New DC MLR Team Unveils Name

New DC MLR Team Unveils Name

The Washington DC Major League Rugby expansion team will be called the Old Glory DC, and unfurled itself to the world today, with partners Chris Dunlavey and Paul Sheehy at the helm.

Dunlavey, who is a partner in the management firm Brailsford & Dunlavey, and Paul Sheehy, former USA Eagle, strong supporter of the Gonzaga HS program, and owner of Sheehy Auto Stores, lead the business side of a team that has been granted franchise rights for a large area in the Mid-Atlantic.

After considering hundreds of team name ideas submitted by fans and advisors, the club selected Old Glory DC as its name.

“The response to our Name the Team challenge was incredible, with close to 1,000 fans participating,” co-owner Sheehy. “We had so many great names to choose from, but in the end, we felt we had to choose a name that could only really work in Washington, and that is inclusive of all of the diverse members of our community.”

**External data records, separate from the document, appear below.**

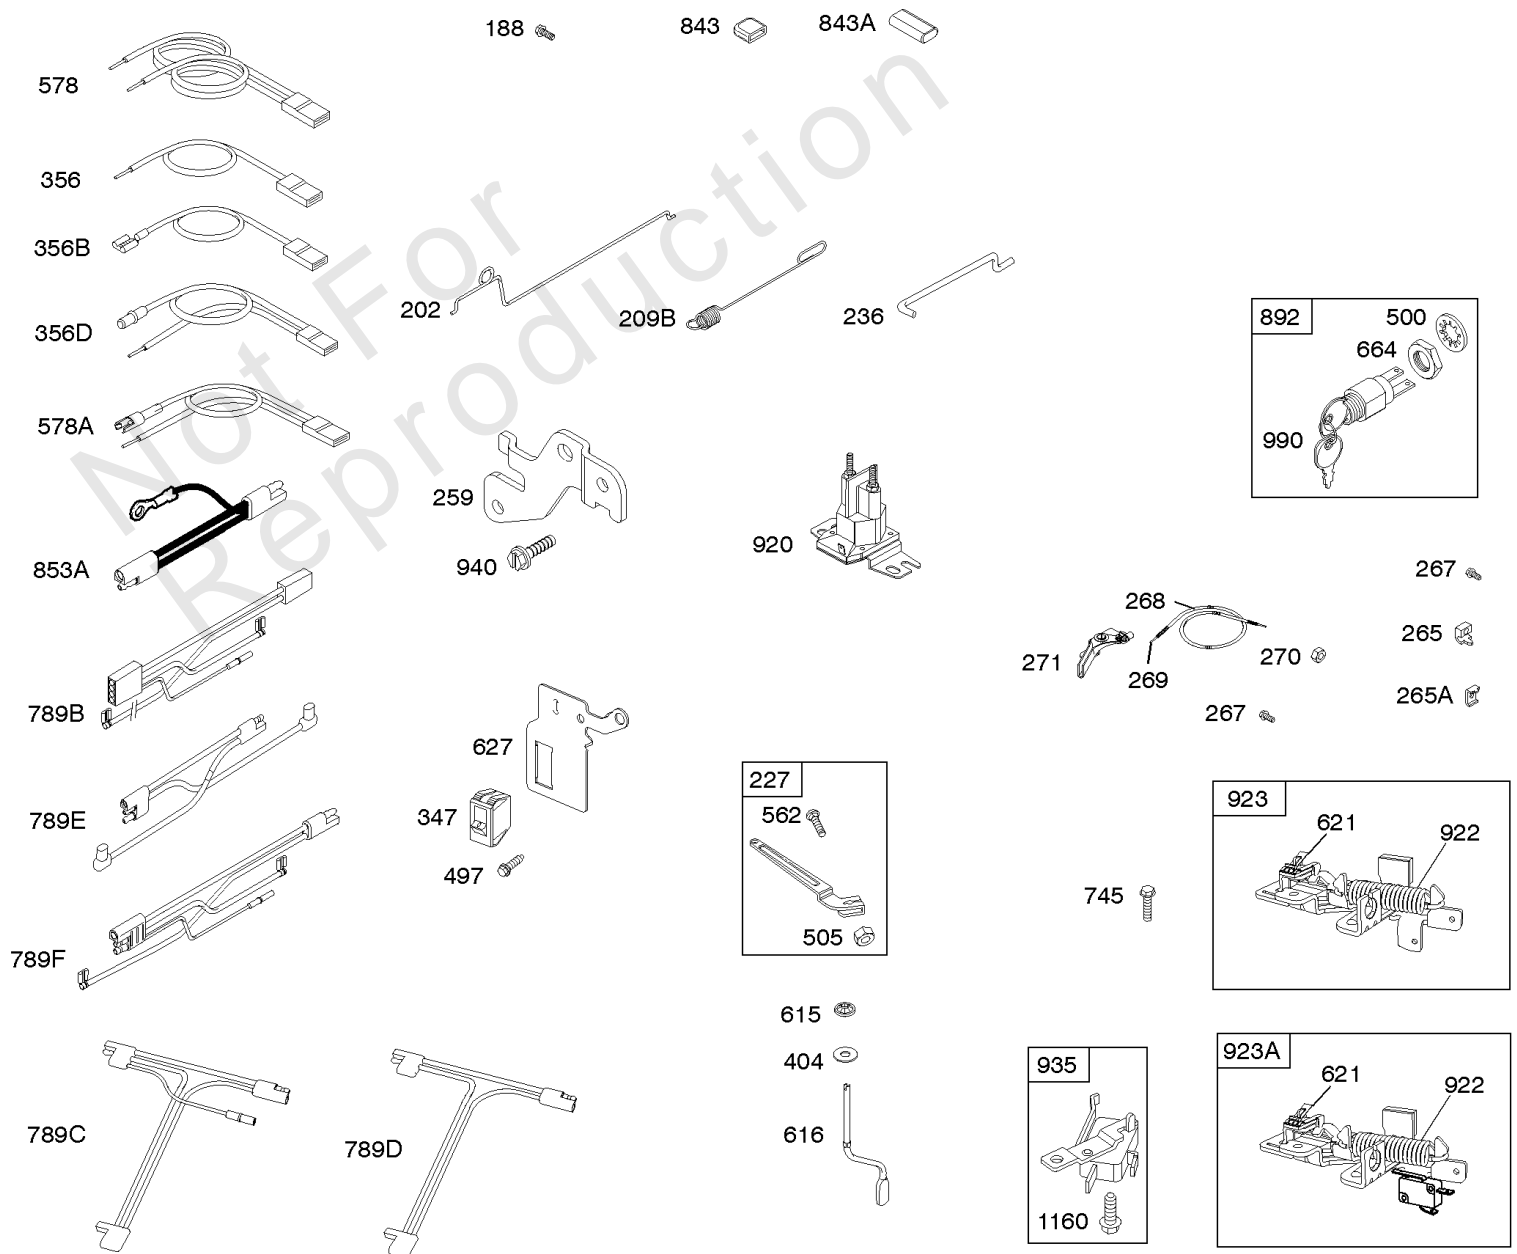

Controls, Electrical, Flywheel Brake

REF NO	PART NO	QTY	DESCRIPTION
843A	691895		SLEEVE, Lever -(Choke)
853A	695897		ADAPTER, Wire
892	690646		SWITCH, Key
920	691656		SOLENOID, Starter
922	692135		SPRING, Brake
923	796136		BRAKE -(Rewind Start)
923A	796387		BRAKE -(With Stop Switch)
935	499421		SWITCH, Interlock -Used Before Code Date 08050100
940	690664		SCREW -(Casing Clamp Bracket)
990	691959		SET, Key
1160	690345		SCREW -(Interlock Switch)

Not For Reproduction

“And we think our fans will see the deeper meaning,” added co-owner Dunlavey. “Yes, it’s a flag, but Old Glory has been places. It’s battle-scarred. It’s weather-beaten. But still it flies proud. It symbolizes all the strength, resilience, commitment, and substance over style that are the hallmarks of rugby and, for that matter, the American character.”

DC Old Glory is the MLR team for the area from Philadelphia to Richmond, VA, and the club has a franchise area west into Ohio. It's a massive area, and, said Old Glry operations manager Tim Brown, one full of potential.

"It's a talent-rich area," said Brown. "Some of the nation's best athletes in football, basketball, and wrestling come from this area. The people in Ohio are really excited about what we're doing, and we really want to attract the rugby players and athletes from our region."

“We’re really focused on trying to build this from the grass roots up,” Sheehy told the Washington Post. “It’s a grass roots sports. We’re working with the local youth teams. If we can get the local rugby community behind our effort, we can probably sell out a 5,000-person stadium.”